** Records provided follows **

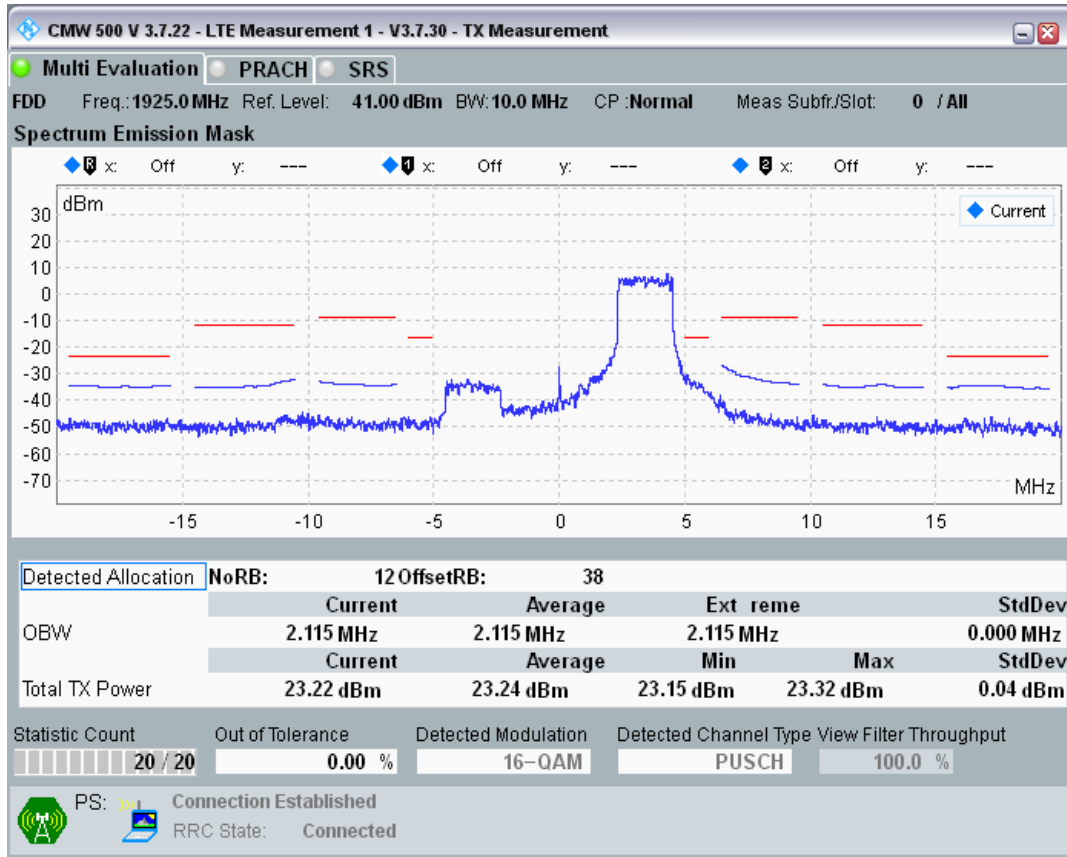

Band8	10	21750	12	#0	QPSK	0MHz-1MHz	31.47	PASS
Band8	10	21750	12	#0	QPSK	1MHz-5MHz	25.85	PASS
Band8	10	21750	12	#0	QPSK	5MHz-10MHz	23.51	PASS
Band8	10	21750	12	#0	QPSK	10MHz-15MHz	11.50	PASS
Band8	10	21750	12	#Max	QPSK	-1MHz-0MHz	29.74	PASS
Band8	10	21750	12	#Max	QPSK	-5MHz--1MHz	24.63	PASS
Band8	10	21750	12	#Max	QPSK	-10MHz--5MHz	21.52	PASS
Band8	10	21750	12	#Max	QPSK	-15MHz--10MHz	10.05	PASS
Band8	10	21750	12	#Max	QPSK	0MHz-1MHz	13.79	PASS
Band8	10	21750	12	#Max	QPSK	1MHz-5MHz	12.64	PASS
Band8	10	21750	12	#Max	QPSK	5MHz-10MHz	23.34	PASS
Band8	10	21750	12	#Max	QPSK	10MHz-15MHz	11.42	PASS
Band8	10	21750	50	#0	QPSK	-1MHz-0MHz	22.92	PASS
Band8	10	21750	50	#0	QPSK	-5MHz--1MHz	18.43	PASS
Band8	10	21750	50	#0	QPSK	-10MHz--5MHz	16.20	PASS
Band8	10	21750	50	#0	QPSK	-15MHz--10MHz	7.66	PASS
Band8	10	21750	50	#0	QPSK	0MHz-1MHz	24.35	PASS
Band8	10	21750	50	#0	QPSK	1MHz-5MHz	19.94	PASS
Band8	10	21750	50	#0	QPSK	5MHz-10MHz	22.00	PASS
Band8	10	21750	50	#0	QPSK	10MHz-15MHz	11.56	PASS
Band8	10	21750	12	#0	16QAM	-1MHz-0MHz	15.66	PASS
Band8	10	21750	12	#0	16QAM	-5MHz--1MHz	13.99	PASS
Band8	10	21750	12	#0	16QAM	-10MHz--5MHz	21.31	PASS
Band8	10	21750	12	#0	16QAM	-15MHz--10MHz	10.17	PASS
Band8	10	21750	12	#0	16QAM	0MHz-1MHz	31.79	PASS
Band8	10	21750	12	#0	16QAM	1MHz-5MHz	25.95	PASS
Band8	10	21750	12	#0	16QAM	5MHz-10MHz	23.41	PASS
Band8	10	21750	12	#0	16QAM	10MHz-15MHz	11.54	PASS
Band8	10	21750	12	#Max	16QAM	-1MHz-0MHz	30.64	PASS
Band8	10	21750	12	#Max	16QAM	-5MHz--1MHz	24.91	PASS
Band8	10	21750	12	#Max	16QAM	-10MHz--5MHz	21.71	PASS
Band8	10	21750	12	#Max	16QAM	-15MHz--10MHz	10.17	PASS
Band8	10	21750	12	#Max	16QAM	0MHz-1MHz	15.49	PASS
Band8	10	21750	12	#Max	16QAM	1MHz-5MHz	14.25	PASS
Band8	10	21750	12	#Max	16QAM	5MHz-10MHz	23.43	PASS
Band8	10	21750	12	#Max	16QAM	10MHz-15MHz	11.50	PASS
Band8	10	21750	50	#0	16QAM	-1MHz-0MHz	20.90	PASS
Band8	10	21750	50	#0	16QAM	-5MHz--1MHz	16.43	PASS
Band8	10	21750	50	#0	16QAM	-10MHz--5MHz	15.55	PASS
Band8	10	21750	50	#0	16QAM	-15MHz--10MHz	7.98	PASS
Band8	10	21750	50	#0	16QAM	0MHz-1MHz	22.90	PASS
Band8	10	21750	50	#0	16QAM	1MHz-5MHz	18.19	PASS
Band8	10	21750	50	#0	16QAM	5MHz-10MHz	21.68	PASS
Band8	10	21750	50	#0	16QAM	10MHz-15MHz	11.47	PASS

Band1 16QAM BW=10MHz Channel=18050 RB Size=12 Position=#Max

Band1 16QAM BW=10MHz Channel=18050 RB Size=12 Position=#0
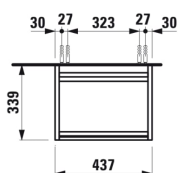

TECHNICKÉ VÝKRESY
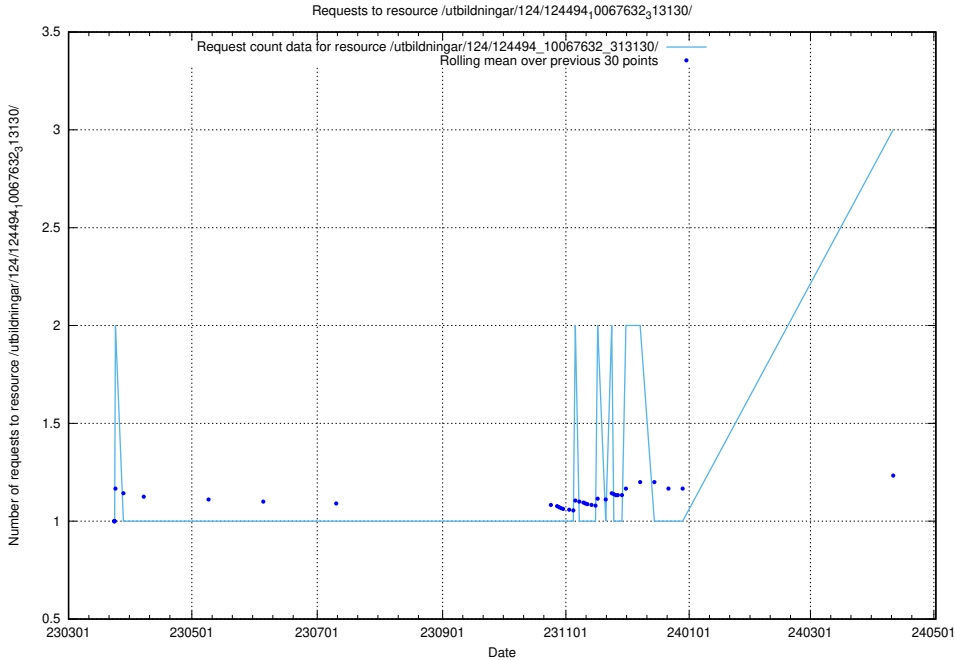

5.354 Usage of /utbildningar/124/124494_10067632_313130/

Here, we count the number of requests to resource /utbildningar/124/124494_10067632_313130/.
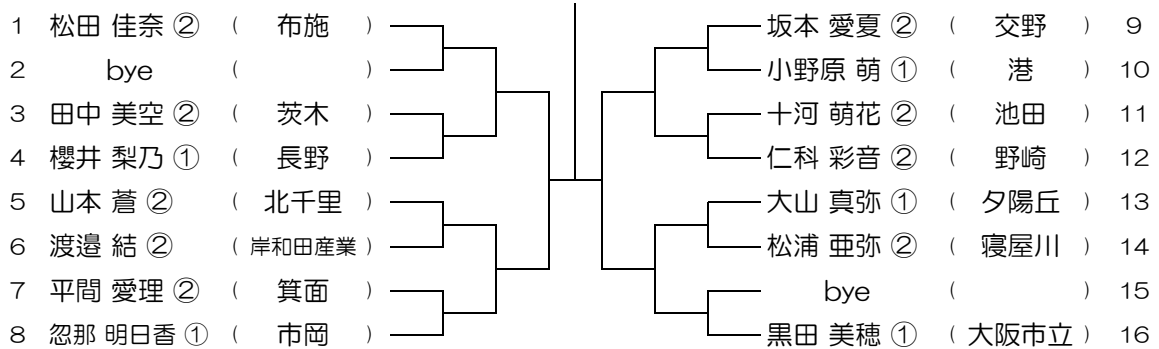

会場：摂津

第10回 大阪公立高校個人戦テニス大会

【GS】 No.019

会場：摂津

第10回 大阪公立高校個人戦テニス大会

【GS】 No.020

会場：摂津

第10回 大阪公立高校個人戦テニス大会

【GS】 No.021

会場：枚方

第10回 大阪公立高校個人戦テニス大会

【GS】 No.022

会場：枚方

第10回 大阪公立高校個人戦テニス大会

【GS】 No.023

会場：布施

第10回 大阪公立高校個人戦テニス大会

【GS】 No.024

会場：布施

第10回 大阪公立高校個人戦テニス大会

【GS】 No.025

会場：山本

第10回 大阪公立高校個人戦テニス大会

【GS】 No.026
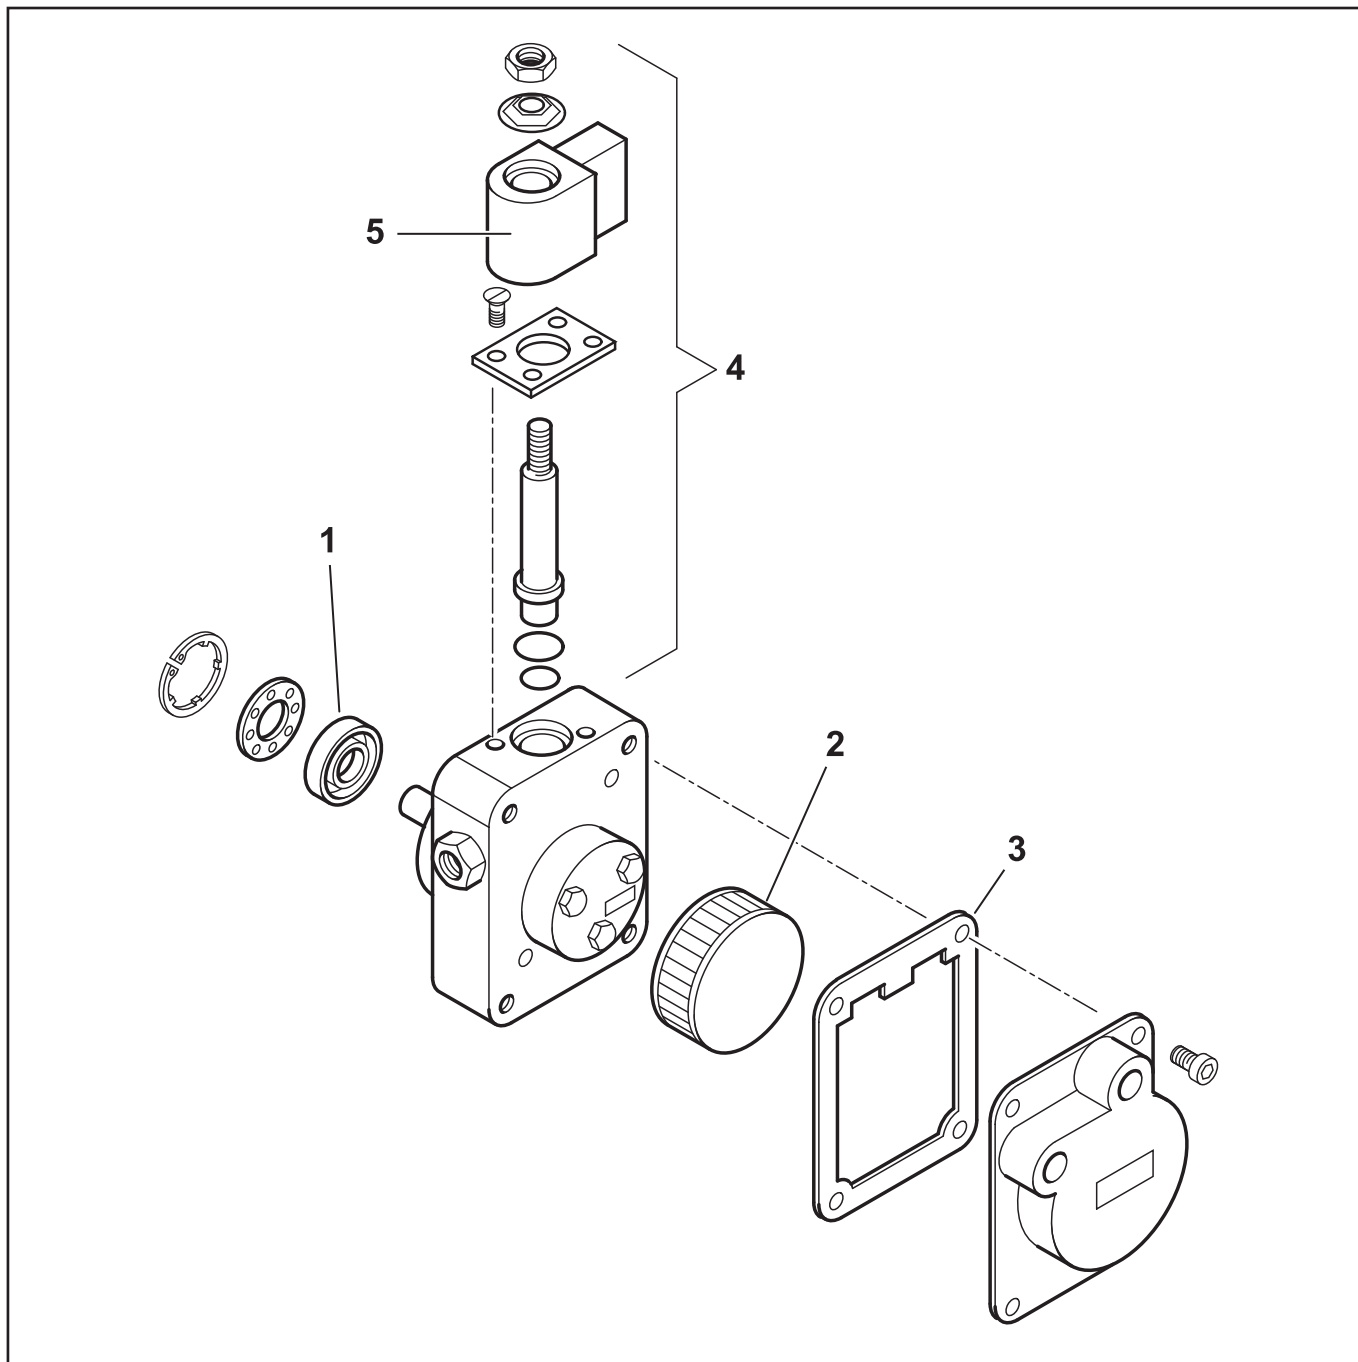

Запасные части

TAV.F5 - Жидкотопливный насос

TAV.F5 - Oil pump

Поз.	Наименование	Description	Арт. №	
1	Сальник	Lip seal	95089	
2	Сетчатый фильтр	Filter	0004050030	↻
3	Прокладка крышки для круглой крышки для квадратной крышки	Cover gasket for round cover for square cover	95552 0004050049	↗ ↘
4	Электромагнитный клапан в комплекте	Solenoid kit	95115	
5	Электромагнитная катушка	Magnetic coil	95116
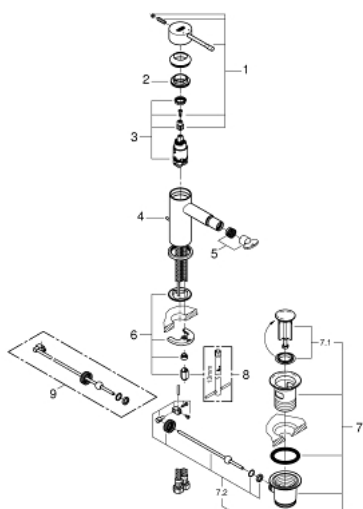

32 935 001 ESSENCE NEW СМЕСИТЕЛЬ ОДНОРЫЧАЖНЫЙ ДЛЯ БИДЕ DN 15 S-SIZE

ОПИСАНИЕ ПРОДУКТА

- монтаж на одно отверстие
- металлический рычаг
- **GROHE SilkMove** керамический картридж **28 мм**
- с ограничителем температуры
- **GROHE StarLight** хромированное покрытие поверхности
- **GROHE FastFixation Plus** Система монтажа
- аэратор с шаровым шарниром
- рычажный донный клапан 1 1/4"
- гибкая подводка
- минимальное давление 1,0 бар

32 935 001 ESSENCE NEW СМЕСИТЕЛЬ ОДНОРЫЧАЖНЫЙ ДЛЯ БИДЕ DN 15
S-SIZE

32 935 001 ESSENCE NEW СМЕСИТЕЛЬ ОДНОРЫЧАЖНЫЙ ДЛЯ БИДЕ DN 15 S-SIZE

ЗАПАСНЫЕ ЧАСТИ

- 1: Рычаг (Order-nr. 46917000)
 - 2: Крепежное кольцо (Order-nr. 46715000)
 - 3: Картридж (Order-nr. 46580000)
 - 4: Тяга (Order-nr. 46739000)
 - 5: Аэратор (Order-nr. 13998000)
 - 6: Обратное резьбовое соединение (Order-nr. 46645000)
 - 7: Сливной гарнитур 1 1/4" (Order-nr. 28910000)
 - 7.1: Пробка (Order-nr. 07182000)
 - 7.2: Эксцентриковая тяга (Order-nr. 07052000)
 - 8: Монтажный ключ (Order-nr. 19017000)*
 - 9: Эксцентриковая тяга (Order-nr. 07341000)*
- * Optional accessories
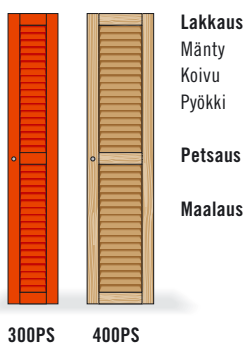

Puusäleovet

Lakkaus
Mänty
Koivu
Pyökki

Petsaus

Maalaus

Luonnonläheinen ilmapiiri raikkaalla säleovella on varma valinta kaikkiin pukeutumistiloihin, joihin halutaan perinteistä suomalaista ilmettä ja aidon puun tuomaa tunnelmaa.

Saatavissa pitkänä ja lyhyenä ovena.

** End of Records provided **

All lines above from the one holding "- монтаж на одно отверстие" to the one holding "- 4: Тяга (Order-nr. 46739000)", inclusive, are to be copied exactly; no other line is wanted.

- монтаж на одно отверстие
- металлический рычаг
- **GROHE SilkMove** керамический картридж **28 мм**
- с ограничителем температуры
- **GROHE StarLight** хромированное покрытие поверхности
- **GROHE FastFixation Plus** Система монтажа
- аэратор с шаровым шарниром
- рычажный донный клапан 1 1/4"
- гибкая подводка
- минимальное давление 1,0 бар

32 935 001 ESSENCE NEW СМЕСИТЕЛЬ ОДНОРЫЧАЖНЫЙ ДЛЯ БИДЕ DN 15
S-SIZE

32 935 001 ESSENCE NEW СМЕСИТЕЛЬ ОДНОРЫЧАЖНЫЙ ДЛЯ БИДЕ DN 15 S-SIZE

ЗАПАСНЫЕ ЧАСТИ

- 1: Рычаг (Order-nr. 46917000)
 - 2: Крепежное кольцо (Order-nr. 46715000)
 - 3: Картридж (Order-nr. 46580000)
 - 4: Тяга (Order-nr. 46739000)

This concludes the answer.